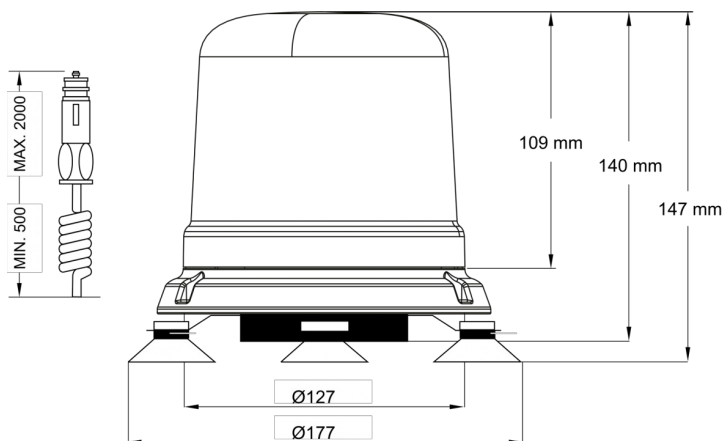

LAMPEGGIANTI ROTANTI

515M-DV-OR

Lampeggiatore LED | magnetico | 12-24V | ambar

EAN: 5414184690080

Specifiche

Altezza mm	147 mm
Colore	Ambra
Connessione	Spina per accendisigari
Da ordinare presso	1
Diametro mm	130 mm
ECE R65 Classe 1	Si
EMC	EMC R10
EMC R10	Si
Fonte luminosa	LED
Fornito con	Manuale

Gamma di altezza	131 - 170 mm
Grado di protezione IP	IPX5
Imballaggio	Imballaggio POS
Montaggio	Magnetico con ventose. Magnetico
Numero di LED	10
Numero di sequenze di lampeggio	14
Peso (kg)	1,442 Kg
Sincronizzabile	No
Temperatura di esercizio	-30°C / +65°C
Tensione operativa	12V - 24V

★ ★ ★ ★

• **What is needed**
In your copy, include no pictures; print every line above exactly.

• **Output for this exercise**
LAMPEGGIANTI ROTANTI

515M-DV-OR

Lampeggiatore LED | magnetico | 12-24V | ambar

EAN: 5414184690080

Specifiche

Altezza mm	147 mm
Colore	Ambra
Connessione	Spina per accendisigari
Da ordinare presso	1
Diametro mm	130 mm
ECE R65 Classe 1	Si
EMC	EMC R10
EMC R10	Si
Fonte luminosa	LED
Fornito con	Manuale

Gamma di altezza	131 - 170 mm
Grado di protezione IP	IPX5
Imballaggio	Imballaggio POS
Montaggio	Magnetico con ventose. Magnetico
Numero di LED	10
Numero di sequenze di lampeggio	14
Peso (kg)	1,442 Kg
Sincronizzabile	No
Temperatura di esercizio	-30°C / +65°C
Tensione operativa	12V - 24V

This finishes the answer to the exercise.